GenderHuman Rights

An Open Letter to the Department of Psychiatry, American University of Beirut Medical Center

Dear AUBMC Department of Psychiatry,

This is an open letter from a former patient. The intent of this letter is to expose the unethical treatment of patients in your department due to violation of doctor-patient confidentiality, which is especially crucial when it comes to mental health, and to urge you to take vigilance in future in enforcing confidentiality policies.

Patient information ought to be confidential and protected, except in cases where patients pose a risk to themselves or to others. Even then information should be disclosed only as needed, ie on a ‘need-to-know basis,’ as referenced on the AUBMC website.

Why then was information relating to my health and wellbeing regularly reported by my doctors to my father simply upon his asking? Why did this occur repeatedly in the five years (2007 to 2012) in which I was an adult outpatient visitor to the Department of Psychiatry? I never signed a release form permitting this. So why was my right to confidentiality routinely and progressively violated?

These are the effects of such unethical medical conduct:

1) The doctors who gave my father personal information about my life and health were unknowingly giving a violent and abusive parent weapons against his mentally ill daughter. I was held accountable in various ways for being ill and for not telling him that I was ill.

2) Since this happened from the beginning and was a recurring process, I had no reason to trust my doctors. How does a psychiatrist help a patient that has no trust in their help? I was supposed to be able to seek refuge in a medical field designed to help people like me. Instead, I was given every reason not to trust the healthcare professionals in your department to care for my health.

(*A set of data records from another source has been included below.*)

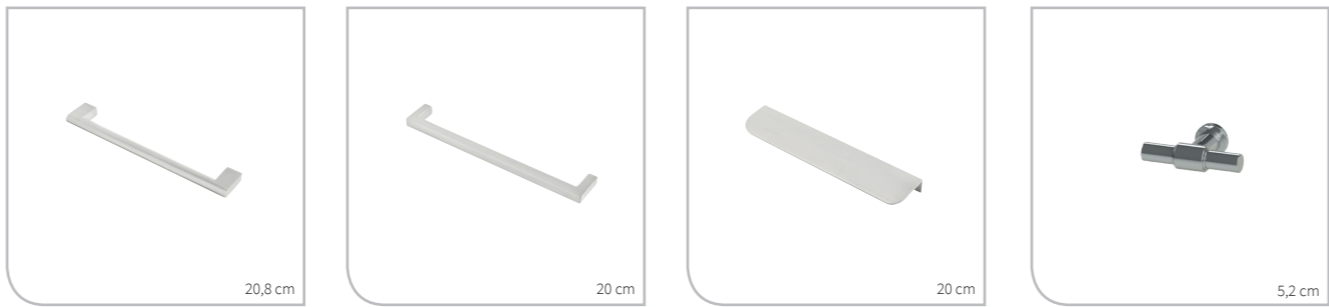

Wasblad met uitsparing hout
 16332.0.40.41 4008911633092
 Uitsluitend te combineren met waskom

Wasblad met uitsparing hout
 16334.0.40.41 4008911633450
 Uitsluitend te combineren met waskom

'Ontario' waskom keramiek
 6134.0.01.41 4008916134006
 Uitsluitend te combineren met verlengde plug art. nr. 9831
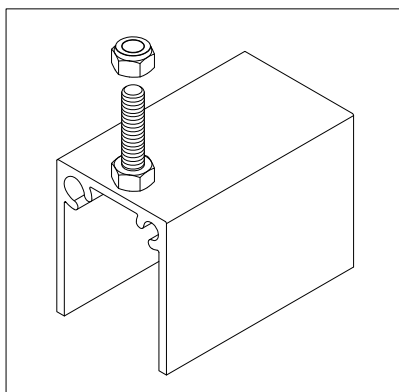

SK-46
Νεροσυλλέκτης
 1.061 gr/m

SK-47
Συλλέκτης
 589 gr/m

ΕΞΑΡΤΗΜΑΤΑ

ST-60
Πλαστικό γράναζι - πείρος (σετ)

ST-61
Πλαστικές τάπες πτερυγίου SK-40

ST-62
Οδοντωτός κανόνας (3m)

ΕΞΑΡΤΗΜΑΤΑ

ST-63
Βάση περιστροφής περυγίων (3m)

3) Because I had no trust for my doctors, I could not take the risk of telling them about my father’s abusive nature in attempt to get them to honor confidentiality. How did I know they wouldn’t tell him that I described him as such?  The chance of that happening was extremely threatening to my emotional and physical well-being. The only avenue I could think of to get my doctors to start honoring confidentiality was so risky I could not take it. I should not have had to even consider asking for something that was my absolute right.

4) I was not able to speak to my psychiatrists about the trauma in my everyday life because it related to my father, and thus they were missing information that was crucial to treating me.

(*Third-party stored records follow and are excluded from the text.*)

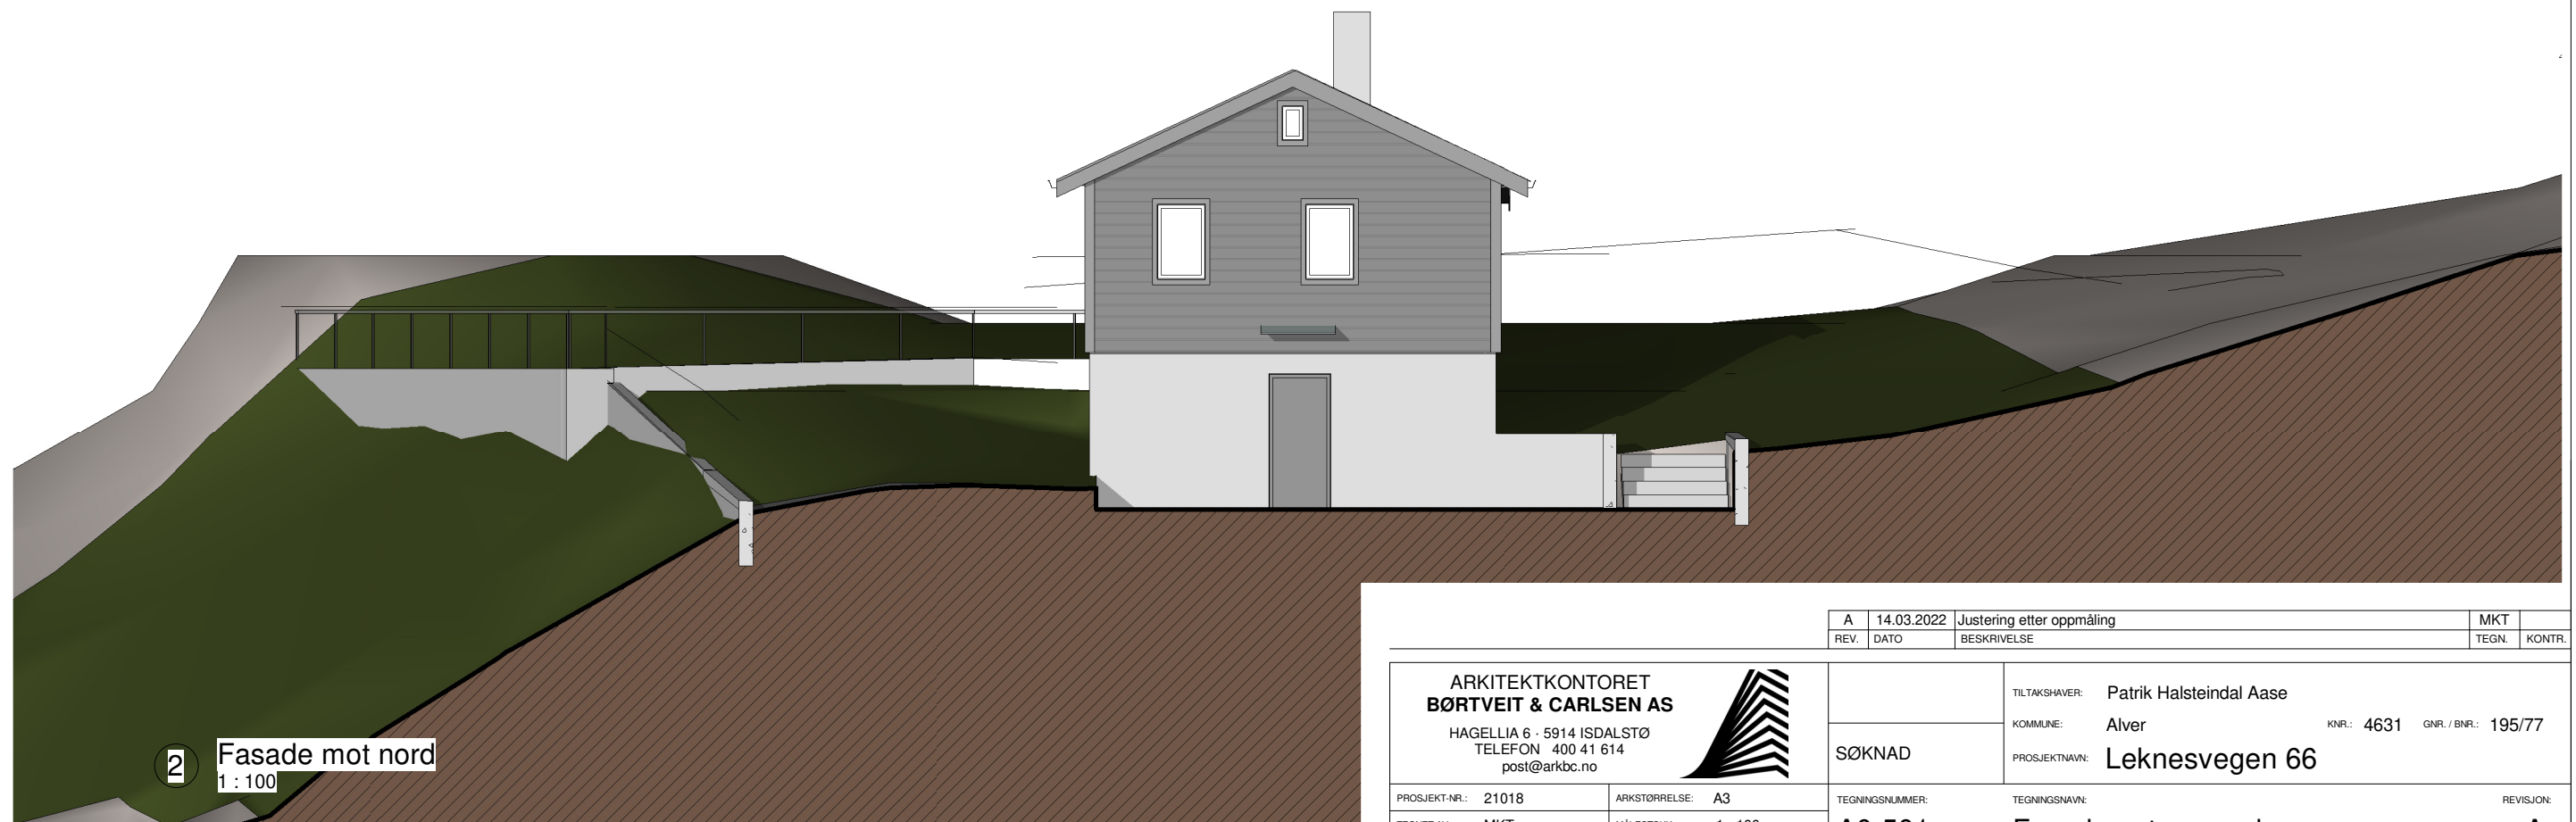

1 Fasade mot øst
1:100

2 Fasade mot nord
1:100

A		14.03.2022	Justering etter oppmåling	MKT
REV.	DATO	BESKRIVELSE		TEGN. KONTR.
ARKITEKTKONTORET BØRTVEIT & CARLSEN AS HAGELLIA 6 · 5914 ISDALSTØ TELEFON 400 41 614 post@arkbc.no			TILTAKSHAVER: Patrik Halsteindal Aase KOMMUNE: Alver KNR.: 4631 GNR. / BNR.: 195/77 PROSJEKTNAMN: Leknesvegen 66	
PROSJEKT-NR.: 21018	ARKSTØRRELSE: A3	TEGNINGSNUMMER:	TEGNINGSNAMN:	
TEGNET AV: MKT	MÅLESTOKK: 1 : 100	A0-501	Fasade øst og nord	
KONTR. AV:	DATO: 02.02.2022			REVISJON: A
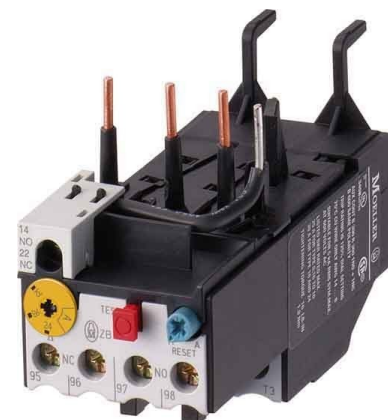

Thermal overload relay 32 A Direct attachment 112474

Allgemeine Informationen

Products_Model	ET0789780
EAN	4015081120284
Producer	Eaton (Moeller)
Producer-Model	112474
Producer-Typ	ZB32-38
min. Order	
Class	Überlastrelais thermisch

Technische Informationen

Einstellbarer Strombereich	32...38A
Montageart	
Anschlussart Hauptstromkreis	
Anzahl der Hilfskontakte als Öffner	
Anzahl der Hilfskontakte als Scl	
Anzahl der Hilfskontakte als Wechsler	
Auslöseklasse	
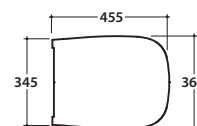

Cod. **GN022BI**

Coprivaso in duroplast con chiusura rallentata. Peso 3 Kg
Duroplast seat-cover with soft-closing system. Weight 3 Kg
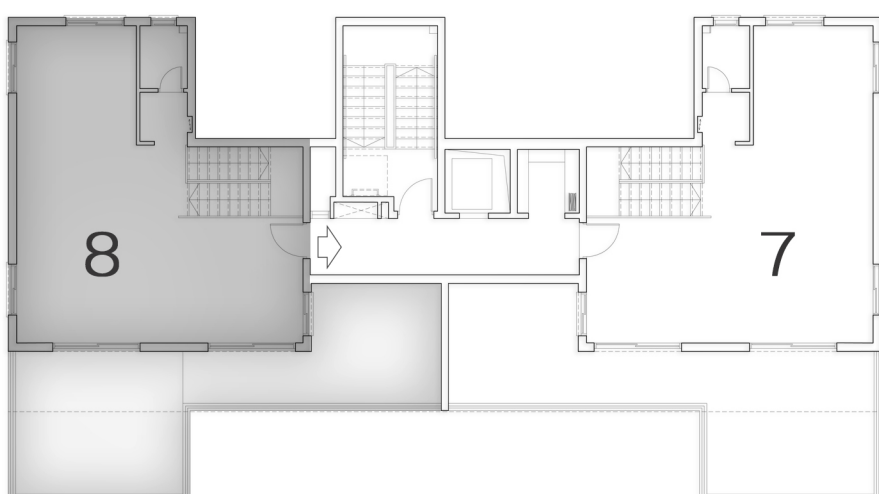

סכימת מיקום בקומה

מעלה שומרון - דגם עולה

קומה 2

5 חדרים + מרפסת

שטח דירה 111 מ"ר

סכימת מיקום בקומה

מעלה שומרון - דגם עולה

קומה 3

דופלקס 6 חדרים + 3 מרפסות

שטח קומה 97 מ"ר

סכימת מיקום בקומה

מעלה שומרון - דגם עולה

קומה 4

דופלקס 6 חדרים + 3 מרפסות

שטח קומה 65 מ"ר

סכימת מיקום בקומה

מעלה שומרון - דגם עולה

קומה 3

דופלקס 6 חדרים + 3 מרפסות

שטח קומה 96 מ"ר

סכימת מיקום בקומה

מעלה שומרון - דגם עולה

קומה 4

דופלקס 6 חדרים + 3 מרפסות

שטח קומה 65 מ"ר

סכימת מיקום בקומה
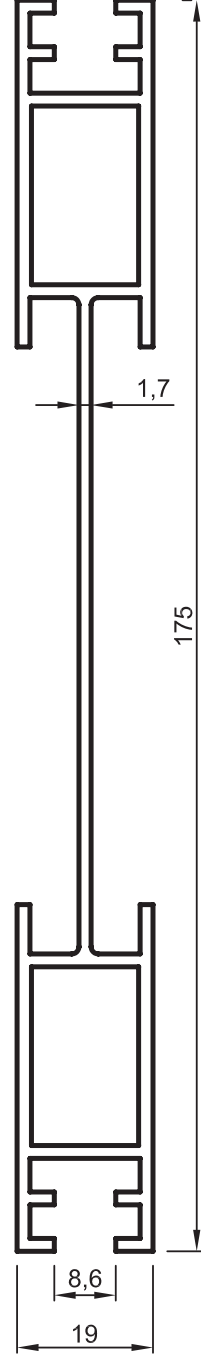

• STANDART PROFİLLER

Stand ve Sehpa Profilleri

No : 2633
Dikme
0,660 kg/m

No : 2580
Dikme
0,520 kg/m

No : 2578
Dikme
0,400 kg/m

No : 2629
Dikme
0,870 kg/m

2714
Bağlantı
0,730 kg/m

No : 3084
Dikme
0,425 kg/m

No : 2715
Bağlantı
0,570 kg/m

No : 3205
Te Adaptör
0,260 kg/m

No : 2653
Yatay Kayıt
0,640 kg/m

No : 2721
Yatay Kayıt
0,405 kg/m

No : 2576
Yatay Kayıt
0,425 kg/m

No : 2576-A
Yatay Kayıt
0,450 kg/m

No : 2575
Yatay Kayıt
0,335 kg/m

Uyarı: Profil ağırlıklarımız teorik olup; teslim anındaki tartımız geçerlidir.

Warning: The weights of profile is theoretical, weighting at the time of delivery are valid.

- STANDART PROFİLLER

Stand ve Sehpa Profilleri

Warning: The weights of profile is theoretical, weighting at the time of delivery are valid.

- STANDART PROFİLLER

Stand ve Sehpa Profilleri

No : 12538

60' lik Sigma Profili
2,115 kg/m

No : 7998

80' lik Sigma Profili
3,265 kg/m

5) I had to resort to pretending I was well and lying to the doctors I could not trust, and thus not receiving adequate treatment if my symptoms happened to relapse.

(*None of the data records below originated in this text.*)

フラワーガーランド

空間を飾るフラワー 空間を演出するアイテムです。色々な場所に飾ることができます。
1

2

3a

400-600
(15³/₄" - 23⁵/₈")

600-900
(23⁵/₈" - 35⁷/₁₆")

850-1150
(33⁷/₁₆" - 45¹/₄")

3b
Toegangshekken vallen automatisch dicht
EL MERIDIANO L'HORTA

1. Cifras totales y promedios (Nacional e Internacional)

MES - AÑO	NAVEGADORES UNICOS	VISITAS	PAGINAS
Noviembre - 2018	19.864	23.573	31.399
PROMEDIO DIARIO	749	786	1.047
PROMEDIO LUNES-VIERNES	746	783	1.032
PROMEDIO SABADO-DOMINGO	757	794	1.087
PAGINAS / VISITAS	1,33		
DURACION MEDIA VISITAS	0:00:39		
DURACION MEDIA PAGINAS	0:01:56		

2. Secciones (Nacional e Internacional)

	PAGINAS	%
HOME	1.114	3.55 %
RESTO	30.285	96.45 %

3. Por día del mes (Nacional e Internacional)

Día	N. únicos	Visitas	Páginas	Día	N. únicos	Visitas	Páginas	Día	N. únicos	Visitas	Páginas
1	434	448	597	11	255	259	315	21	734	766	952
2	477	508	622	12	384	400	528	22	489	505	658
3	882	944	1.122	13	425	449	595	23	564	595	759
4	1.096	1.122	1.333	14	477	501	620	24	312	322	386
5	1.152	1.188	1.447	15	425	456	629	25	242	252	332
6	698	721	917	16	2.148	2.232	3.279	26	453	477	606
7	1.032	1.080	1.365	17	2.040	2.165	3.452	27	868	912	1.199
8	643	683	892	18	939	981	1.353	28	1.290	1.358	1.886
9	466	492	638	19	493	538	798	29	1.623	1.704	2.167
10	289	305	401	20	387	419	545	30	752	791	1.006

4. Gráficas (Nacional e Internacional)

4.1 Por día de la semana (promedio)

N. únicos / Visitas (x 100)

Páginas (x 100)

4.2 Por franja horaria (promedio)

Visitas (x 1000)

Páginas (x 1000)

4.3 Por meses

In addition to the above, the psychiatrists in your department did not once question the narrative my father fed to them, in my presence, the first day I was brought to the office. They did not see me alone and ask me if what my father said was true, did not ask for my consent or confirmation of my father’s assessment of my mental capacities except superficially in his presence. In fact, they expressed agreement with my father’s assessment of my character and actions and passed moral judgments upon me and shamed me for them as I sat there. Setting aside that judging and shaming a mental health patient is possibly the most counter-productive thing to do, their doing so was based on a mere assumption. They did the most unsafe thing they possibly could: They assumed my father was honest and did not for a moment entertain the possiblity that he could be a prime manipulator. They valued that assumption over discovering the truth about and ensuring the wellbeing of their patient.

My father went with me to every visit for the first several months. Not once was I able to speak outside of his presence. I could not ask to speak to my doctors alone because he would punish me for such a request once I got home. My doctors should have made that request themselves. It was their responsibility. It was their job. By the time I started seeing them alone, I had no reason to trust them.

For years, your department caused me unspeakable damage and anguish. Although I was a highly educated and competent adult working on a graduate degree and who taught at the university level, I was treated like I had the mental competence of an infant. Even children are taken aside and asked if such-and-such event really happened.

I urge you to regulate and enforce doctor-patient confidentiality in your department. I urge you to allow and require that patients accompanied by other people see their doctors alone and speak for themselves. I urge you to honor the Hippocratic Oath and your own policies. I urge you to make sure that nothing like this ever happens again.

I also feel compelled to make the point that the above behavior is entirely consistent with cultural norms and ideals privileging paternal access to information and decision-making as some perceived right over patient personal autonomy, especially when it comes to women and female children. I urge you as a department to refuse to condone behavior that values Lebanon’s cultural norms of patriarchy, especially when they contribute to abuse and misogyny,  over your medical duties. Should your doctors personally subscribe to patriarchal norms in their private lives, that is their business. If and when these biases leak into their medical practice, this becomes wholly unacceptable and is an indication that they do not have the reservation and judgment fit to be mental health care providers.

I have since moved to the United States, and my father’s attempts at control followed me to my new psychiatrist’s office. Except this time, his phone calls never got past the secretary, his emails were deleted unanswered, and his spying and stalking was met with horror and a sense of protectiveness by my psychiatrist and therapist.

Never again will I accept anything less than that. I hope you can maintain the same standards for your practice.